I recall about 25 years ago, a well-known activist priest (Father Daniel Berrigan I believe)was interviewed on CBC.
He was asked if he believed in miracles.
His reply was, "Of course, but I've never seen one!"
One of your champions, Hume's argument against miracles is the most sophisticated, and not easily refuted. Perhaps that’s one reason it is still believed today. Here is Hume's argument in syllogistic form:
1. Natural law is by definition a description of a regular occurrence.
2. A miracle is by definition a rare occurrence.
3. The evidence for the regular is always greater than that for the rare.
4. A wise man always bases his belief on the greater evidence.
5. Therefore, a wise man should never believe in miracles.
If those four premises are true, then the conclusion necessarily follows-- the wise man should never believe in miracles. Unfortunately for Hume and for those over the years who have believed him, the argument has a false premise--premise 3 is not necessarily true.
The evidence for the regular is not always greater than that for the rare. At first glance this might not seem to be the case. In the age of instant replay, premise 3 seems to make sense. For example, a football referee sees a play from one angle at full speed, while we get to see it from several angles in slow motion. We have greater evidence seeing a play over and over again (the regular) than does the ref who only sees it once (the rare).

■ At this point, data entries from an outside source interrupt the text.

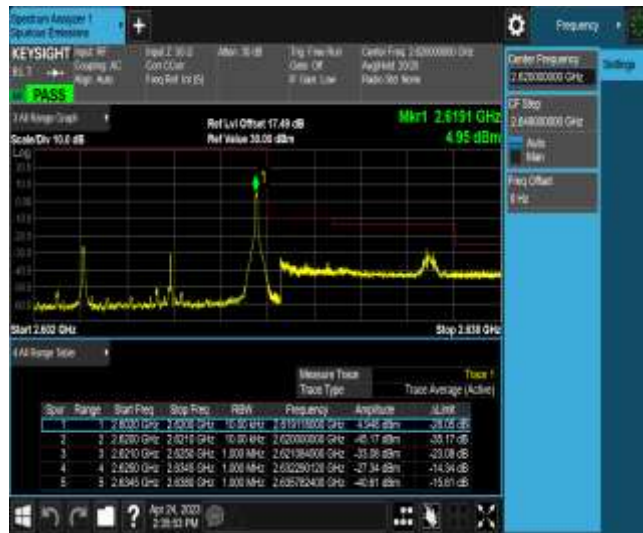

Band38-10MHz-16QAM-37800-1RB#0

Band38-10MHz-16QAM-38200-1RB#49

Band38-15MHz-QPSK-37825-1RB#0

Band38-15MHz-QPSK-37825-75RB#0

Band38-15MHz-QPSK-38175-1RB#74

Band38-15MHz-QPSK-38175-75RB#0

Band38-15MHz-16QAM-37825-1RB#0

But what may be true for a videotaped football game is not necessarily true for every event in life.
To disprove premise 3 there only needs to be one counterexample. Here's several, and they are from Hume's own naturalistic worldview:
1. The origin of the universe happened only once. It was a rare, unrepeatable event, yet virtually every naturalist believes that the Big Bang evidence proves that the universe exploded into being.
2. The origin of life happened only once. It too was a rare, unrepeatable event, yet every naturalist believes that life arose spontaneously from non-life somewhere on the earth or elsewhere in the universe.

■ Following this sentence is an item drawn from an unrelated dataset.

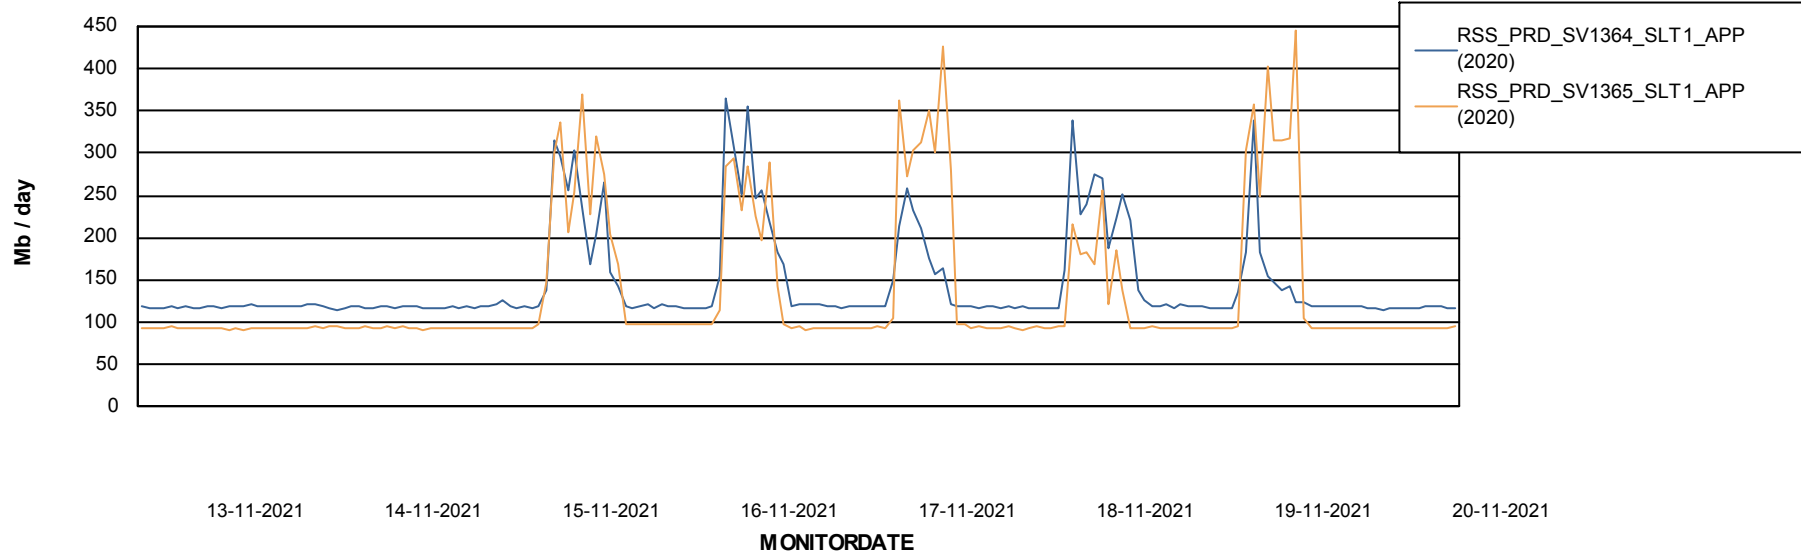

ABSSolute Application Server Services

Avg memory used per ABS Server Service

3. The origin of new life forms also happened only once. Those rare, unrepeatable events are nevertheless dogmatically believed by most naturalists, who say it all happened by unobserved (i.e. rare) macroevolutionary processes.
4. In fact, the entire history of the world is comprised of rare, unrepeatable events. For example, David Hume's own birth happened only once, but he had no trouble believing it occurred!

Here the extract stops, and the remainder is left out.